* _To do_:
With pictures excluded, output exactly the lines that run from the first line of the data below through the line containing "B | Descripción".

[Data excerpts Boundary: Start]

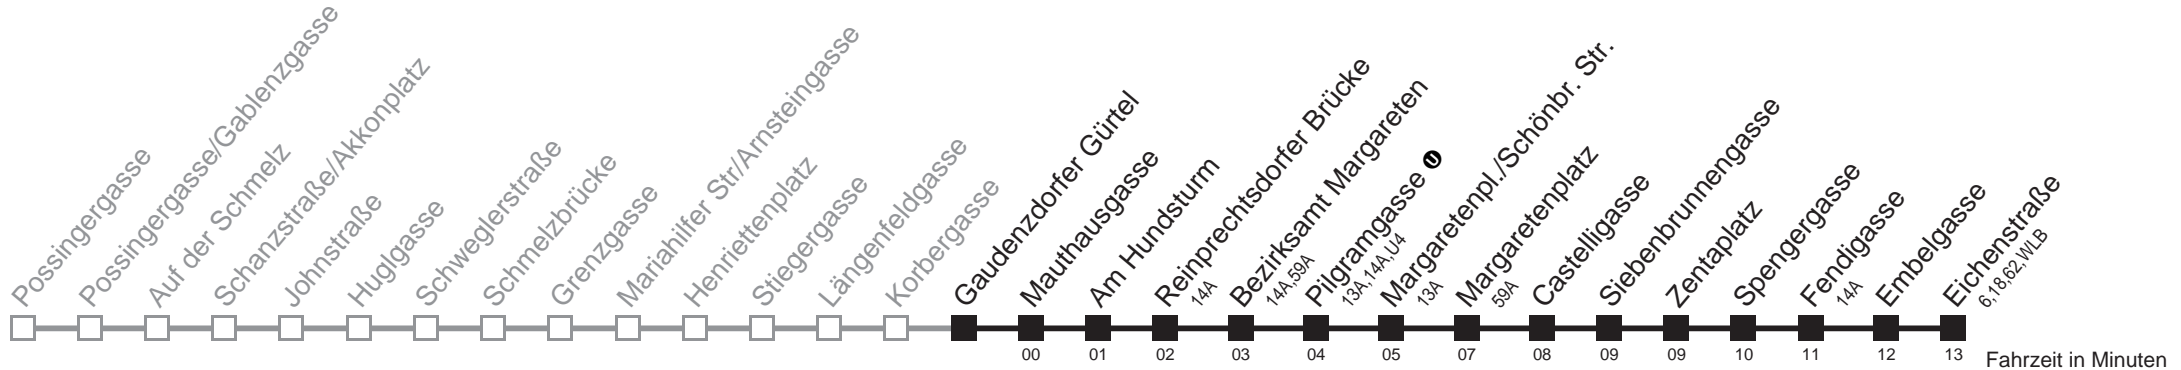

kein Betrieb

12A

Gaudenzdorfer Gürtel → Eichenstraße

Ihr Kurzstreckenfahrtschein gilt bis
Pilgramgasse 📍

Montag bis Freitag

Samstag

Samstag

Gültig vom 19.11. bis 17.12.2011
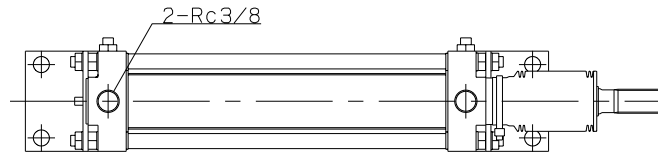

Stroke	L
100	198
150	248
200	298
250	348
300	398
400	498
500	598
600	698

Stroke	JC
0~50	60
51~100	68
101~150	82
151~200	96
201~300	124
301~400	151
401~500	179
501~600	207

CP68H-Type Bellows band

I-Type Rod Joint

Pin

Y-Type Rod Joint

Lock Nut

JIS Symbol

Model:  
 CP6810-A-LB-63X200  
 CP6810H-A-LB-63X200  
 Maker: KONAN  
 File Name: CP681-A-LB-63
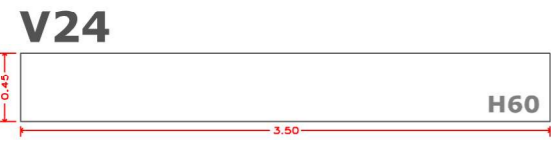

VITRINES existents utilitzades

àmbit SHIPIBO

Manipular i afegir suports a la tapa posterior per col·locació de peces en vertical (bosses)
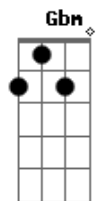

ukulele-chords.com

© ukulele-chords.com
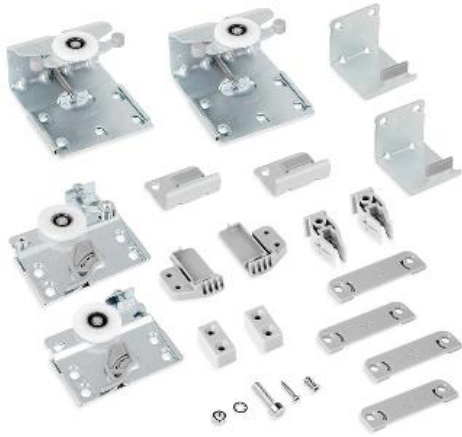

Sistema para puertas correderas / Sistemas correderos de armario con rodadura superior / Neco regulable para carril superior colgado e inferior visto / Juego de carros Neco regulable para carril superior colgado e inferior visto

Ficha técnica de producto

Juego de carros Neco regulable para carril superior colgado e inferior visto

Neco regulable para carril superior colgado e inferior visto

Especificaciones

| A | B | Descripción | Puerta |  | Cod. | Acabado |
|----|----|-------------|---------------------------|--|----------------|-------------------------------|
| 23 | 40 | 2 puertas | 1 interior + 1 exterior | 1 | 6023120 | Transparente / sin determinar |
| 23 | 40 | 3 puertas | 2 interiores + 1 exterior | 1 | 6023220 | Transparente / sin determinar |
| 30 | 77 | 2 puertas | 1 interior + 1 exterior | 1 | 6024020 | Transparente / sin determinar |
| 30 | 77 | 3 puertas | | 1 | 6024120 | Transparente / sin determinar |

Croquis

Documentos y utilidades disponibles para descargar

Montaje (PDF)

Productos imprescindibles

Carril Neco superior colgado

|  |  | Cod. | Acabado |
|---|---|----------------|----------------|
| 4 m | 8 | 7618862 | Anodizado mate |
| 3 m | m | 7618762 | Anodizado mate |

Carril Neco inferior visto

|  |  | Cod. | Acabado |
|---|---|----------------|----------------|
| 4 m | 8 | 7012862 | Anodizado mate |
| 3 m | m | 7012762 | Anodizado mate |

Carril Neco inferior visto de plástico
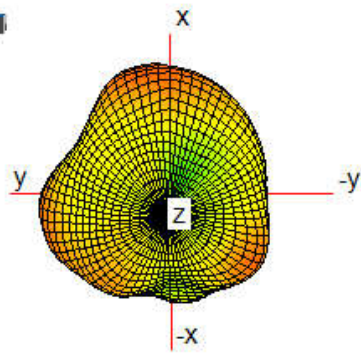

ANT5- WiFi 5G CH0

5280MHz

5500MHz

5780MHz

**ANT5- WiFi 6E CH0**

**6000MHz**

**6500MHz**

6800MHz
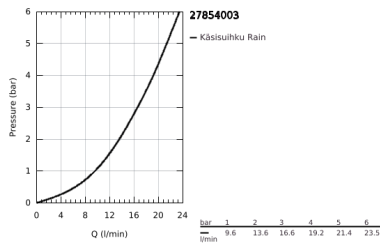

## 27 854 003 TEMPESTA 110 SHOWER RAIL SET 1 SPRAY (RAIN)

### TUOTESELOSTE

- Colour: chrome
  - Sisältää:
    - hand shower Tempesta 110 (27 852)
    - maximum flow rate (at 3 bar): 16.6 l/min
    - Suihkutanko, 900 mm (27 524)
    - Relaxflex-letku 1 750 mm 1/2" x 1/2" (28 154)
  - GROHE DreamSpray -teknologia saa veden virtaamaan tasaisesti kaikista suuttimista
  - GROHE LongLife viimeistely
  - Flexible Installation - (säädettyvä yläkiinnike olemassa oleviin porausreikiin)
  - säädettyvä liukusäädin (käännä ja liu'uta suihkuteline)
  - GROHE SpeedClean-kalkinpoistojärjestelmä
  - Inner WaterGuide - eristys suojaa pinnan kuumenemiselta
  - ShockProof-silikonirengas ehkäisee vauriot suihkun pudotessa
  - Vähimmäispaine 1,0 baaria
  - Soveltuu läpivirtauslämmittimelle
- Professional Edition

[Data excerpts Boundary: End]

* _Answer box_:
kein Betrieb

12A

Gaudenzdorfer Gürtel → Eichenstraße

Ihr Kurzstreckenfahrtschein gilt bis
Pilgramgasse 📍

Montag bis Freitag

Samstag

Samstag

Gültig vom 19.11. bis 17.12.2011

Stroke	L
100	198
150	248
200	298
250	348
300	398
400	498
500	598
600	698

Stroke	JC
0~50	60
51~100	68
101~150	82
151~200	96
201~300	124
301~400	151
401~500	179
501~600	207

CP68H-Type Bellows band

I-Type Rod Joint

Pin

Y-Type Rod Joint

Lock Nut

JIS Symbol

Model:  
 CP6810-A-LB-63X200  
 CP6810H-A-LB-63X200  
 Maker: KONAN  
 File Name: CP681-A-LB-63

VITRINES existents utilitzades

àmbit SHIPIBO

Manipular i afegir suports a la tapa posterior per col·locació de peces en vertical (bosses)

ukulele-chords.com

© ukulele-chords.com

Sistema para puertas correderas / Sistemas correderos de armario con rodadura superior / Neco regulable para carril superior colgado e inferior visto / Juego de carros Neco regulable para carril superior colgado e inferior visto

Ficha técnica de producto

Juego de carros Neco regulable para carril superior colgado e inferior visto

Neco regulable para carril superior colgado e inferior visto

Especificaciones

| A | B | Descripción | Puerta |  | Cod. | Acabado |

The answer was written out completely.